Second, effective Russian economic policy prevented the economy from freefalling. The government provided support equivalent to 3% of GDP in the form of social benefits, tax breaks, subsidies for loans and by increasing the minimum wage. This is not dissimilar to the support given in EU countries to deal with the energy crisis. There was also an increase in government consumption to compensate for the big drop in investment and private consumption. At the same time, very swift and sizeable intervention by the Russian Central Bank stabilised the exchange rate (albeit at considerably lower trading volumes) and provided liquidity to the banking system. This prevented the economic crisis from turning into a financial crisis that would have put the economy into a self-fulling negative spiral. All in all, these measures managed to protect per-capita income and prevent poverty rates from increasing.
59% of the world’s total population is either neutral or endorses Russian aggression.

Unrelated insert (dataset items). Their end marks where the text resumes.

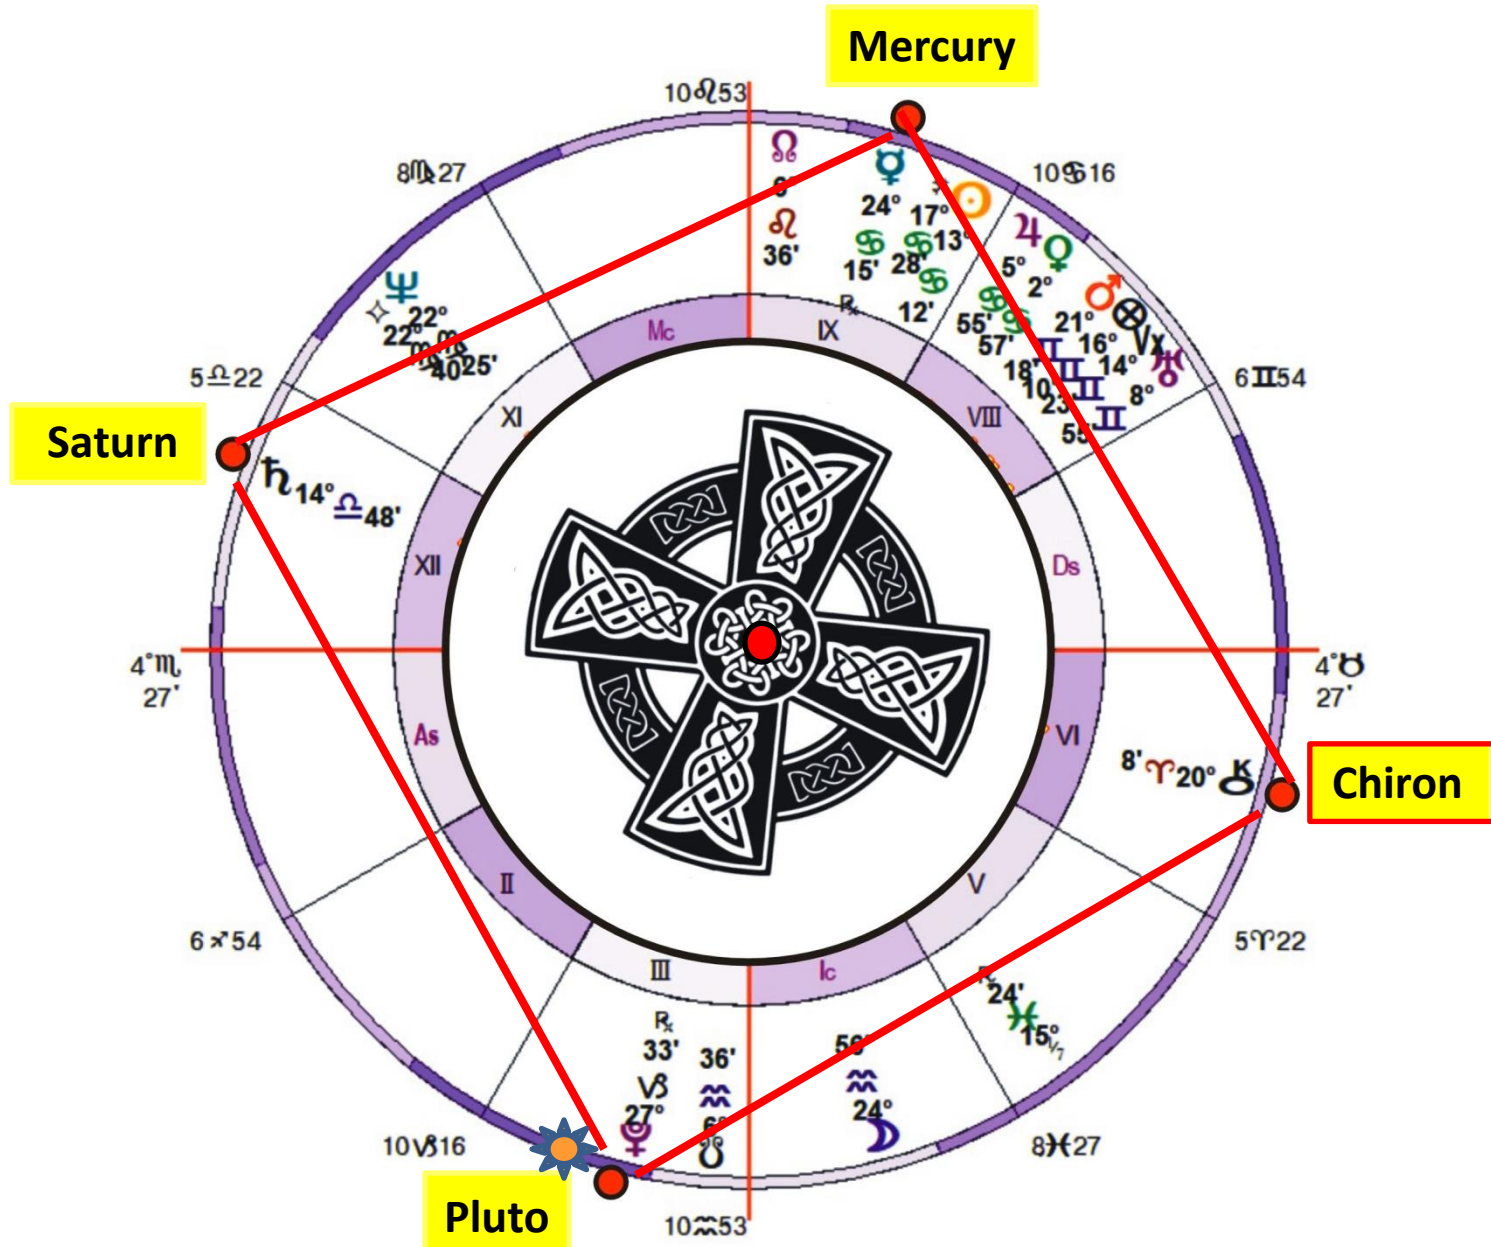

2024 SPRING ECLIPSE SEASON AND USA CHIRON RETURN

ARIES-LIBRA ECLIPSES, 2023-2025

(Five Solar, One Lunar)

USA NATAL CHART – JULY 4, 1776, 2:00 PM LMT

CARDINAL
GRAND
CROSS

**CHIRON
THE
WOUNDED
HEALER**

K

CHIRON THEMES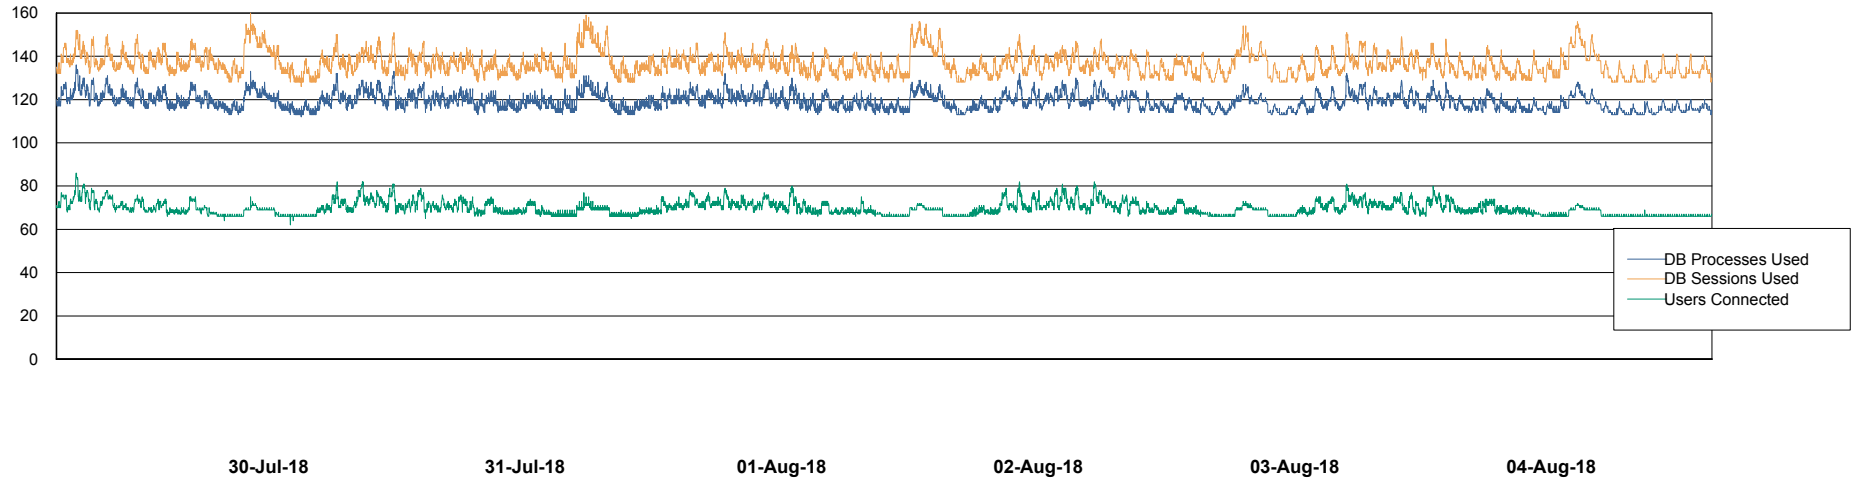

Weekly SLA Customer Report

Customer VOS_Production
Database ID 68

Database Performance VOSBIDB_Production

Weekly SLA Customer Report

Customer VOS_Production
Database ID 68

Database Performance VOSDB_Production

Weekly SLA Customer Report

Customer VOS_Production
Database ID 68

Database Performance VOSDB_Standby

Weekly SLA Customer Report

Customer VOS_Production
Database ID 68

DATABASE SIZE VOSBIDB_Production

Database growth over last month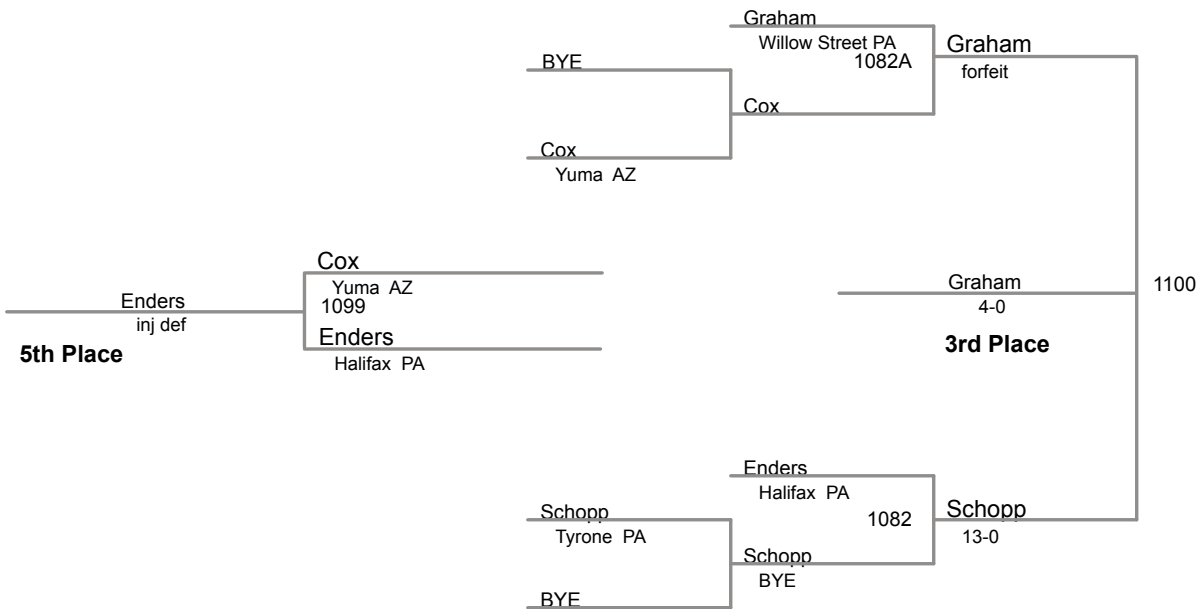

MAWA Western Region 2

Open

125 Lbs

MAWA Western Region 2

Open

135 Lbs

MAWA Western Region 2

Open

142 Lbs

MAWA Western Region 2

Open

150 Lbs

MAWA Western Region 2

Open

158 Lbs

MAWA Western Region 2

This is of great significance because it indicates that many countries are not necessarily willing to isolate Russia by helping to enforce sanctions and stop economic ties with Russia
The third reason is because a big part of the world does not condemn Russia for its aggression against Ukraine. 59% of the world’s total population is either neutral or endorses Russian aggression. This is of great significance because it indicates that many countries are not necessarily willing to isolate Russia by helping to enforce sanctions and stop economic ties with Russia.
The future will however be different. An important change that will make a difference to Russian revenues is that the EU has now imposed oil sanctions. This means that 40% of the export value of Russian energy will be under sanctions in 2023. The EU still has not sanctioned gas, but the quantities it imports from Russia have dropped significantly. In the first few weeks of 2023, the EU imported about 20% of what it imported in 2022. Other countries, particularly India, Turkey and China, have stepped in to buy Russian energy. However, they have not managed to replace in full the quantities sold to the EU.

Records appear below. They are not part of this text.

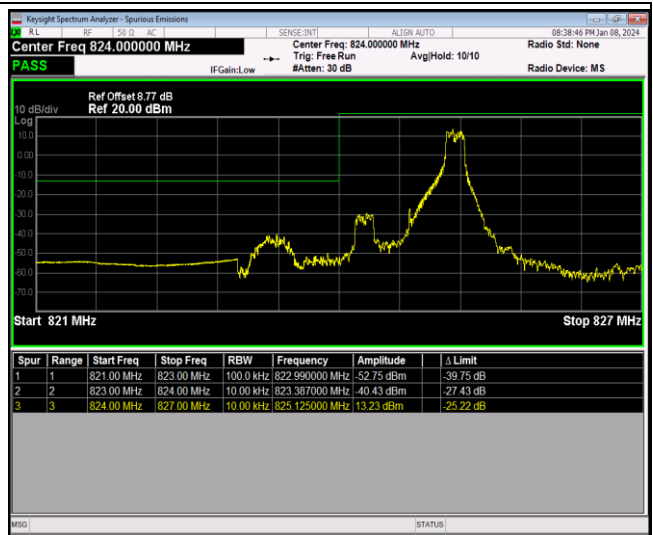

Band5-1.4MHz-QPSK-20407-6RB#0

Band5-1.4MHz-QPSK-20643-1RB#0

Band5-1.4MHz-QPSK-20643-1RB#5

Band5-1.4MHz-QPSK-20643-6RB#0

Band5-1.4MHz-16QAM-20407-1RB#0

Band5-1.4MHz-16QAM-20407-1RB#5

Band5-1.4MHz-16QAM-20407-6RB#0

Band5-1.4MHz-16QAM-20643-1RB#0

Band5-1.4MHz-16QAM-20643-1RB#5

Band5-1.4MHz-16QAM-20643-6RB#0

Band5-1.4MHz-64QAM-20407-1RB#0

Band5-1.4MHz-64QAM-20407-1RB#5

Band5-1.4MHz-64QAM-20407-6RB#0

Band5-1.4MHz-64QAM-20643-1RB#0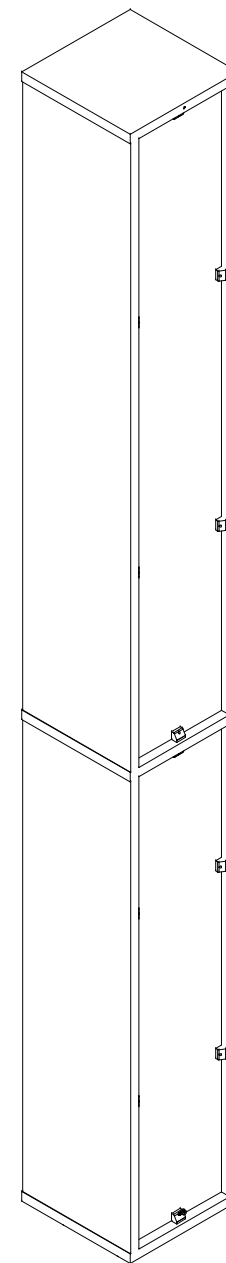

www.quickwayimports.com
info@quickwayimports.com

Slim Tall Bathroom Storage Cabinet with Doors and Drawer
Assembly Instructions

QI004654

		 ø8*40	 ø7*50
A x 28	B x 28	C x 12	D x 4
	 M3*14mm	 M3.5*30mm	 M3.5*35mm
E x 20	F x 8	G x 4	H x 4
 ø4*18			 ø3.5*14
I x 3	J x 4	K x 2	L x 1
 ø20	 	 	
M x 28	N x 12	O x 1	P x 4

1

A x 12 C x 6 F x 2 K x 1

2

B x 12 D x 4 M x 12

3

A x 8 C x 6 F x 2 G x 4 J x 4 K x 1

4

B x 8 M x 8

5

A x 4 B x 4 L x 1 M x 4

6

N x 12

7

A x 4 B x 4 H x 4 M x 4

8

l x 1

9

F x 4 I x 2 K x 2 P x 4

10

E x 20

11

12

O x 1

While still elevated, prices will also be lower than last year given policy measures put in place and alternative sources found. Furthermore, third-country buyers of Russian energy pay much less than what the EU ever paid. Smaller quantities which are sold at lower prices imply that Russian revenues will be much reduced this year.

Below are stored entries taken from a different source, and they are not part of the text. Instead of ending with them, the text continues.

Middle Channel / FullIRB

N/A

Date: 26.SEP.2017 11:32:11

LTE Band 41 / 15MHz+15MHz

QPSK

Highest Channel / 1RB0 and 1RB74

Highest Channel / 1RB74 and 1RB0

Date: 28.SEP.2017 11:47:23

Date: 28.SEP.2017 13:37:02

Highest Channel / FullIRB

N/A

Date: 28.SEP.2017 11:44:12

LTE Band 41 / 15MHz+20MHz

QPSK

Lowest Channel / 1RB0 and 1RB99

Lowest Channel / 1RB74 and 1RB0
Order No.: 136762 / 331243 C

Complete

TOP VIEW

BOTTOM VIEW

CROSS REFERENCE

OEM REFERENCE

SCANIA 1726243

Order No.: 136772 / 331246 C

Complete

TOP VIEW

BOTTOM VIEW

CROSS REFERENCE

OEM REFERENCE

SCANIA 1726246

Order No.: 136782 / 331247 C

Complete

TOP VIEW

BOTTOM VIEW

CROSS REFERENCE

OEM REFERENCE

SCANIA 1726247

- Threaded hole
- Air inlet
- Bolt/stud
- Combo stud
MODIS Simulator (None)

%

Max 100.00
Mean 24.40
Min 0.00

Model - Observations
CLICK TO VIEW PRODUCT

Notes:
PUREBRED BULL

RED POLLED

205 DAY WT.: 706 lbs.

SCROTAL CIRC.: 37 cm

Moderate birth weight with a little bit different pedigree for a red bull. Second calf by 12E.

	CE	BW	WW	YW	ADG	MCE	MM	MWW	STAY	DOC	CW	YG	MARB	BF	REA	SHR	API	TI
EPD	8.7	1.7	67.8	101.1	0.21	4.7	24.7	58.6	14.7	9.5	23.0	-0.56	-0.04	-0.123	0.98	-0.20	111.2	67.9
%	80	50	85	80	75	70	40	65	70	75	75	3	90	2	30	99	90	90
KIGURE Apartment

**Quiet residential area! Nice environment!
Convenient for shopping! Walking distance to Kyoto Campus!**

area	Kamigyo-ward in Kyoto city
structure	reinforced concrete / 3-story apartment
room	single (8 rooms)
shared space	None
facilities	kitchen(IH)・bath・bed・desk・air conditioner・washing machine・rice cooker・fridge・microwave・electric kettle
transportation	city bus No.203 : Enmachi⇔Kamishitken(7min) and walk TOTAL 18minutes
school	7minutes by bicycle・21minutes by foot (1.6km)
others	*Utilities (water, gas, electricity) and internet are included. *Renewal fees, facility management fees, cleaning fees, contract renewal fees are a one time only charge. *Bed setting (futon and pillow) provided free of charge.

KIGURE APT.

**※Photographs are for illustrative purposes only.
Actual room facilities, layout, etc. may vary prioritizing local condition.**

Two important ongoing structural changes also mean that what appears to be resilience in the Russian economy is artificial and non-sustainable. Upwards of 80% of US and EU multinationals have either left or suspended activities in Russia. Restarting will not be possible without a clear change of political climate and is certainly not possible for as long as sanctions are in place. The US and EU will not reverse their sanctions policies easily. But perhaps the most important change is that by exposing the EU’s dependence on fossil fuels so blatantly, Russian aggression has accelerated the energy transition, and not just in the EU. The Russian economic model is totally dependent on an industry that will become extinct. There are no signs that Russia is thinking about what its economy should look like the day after.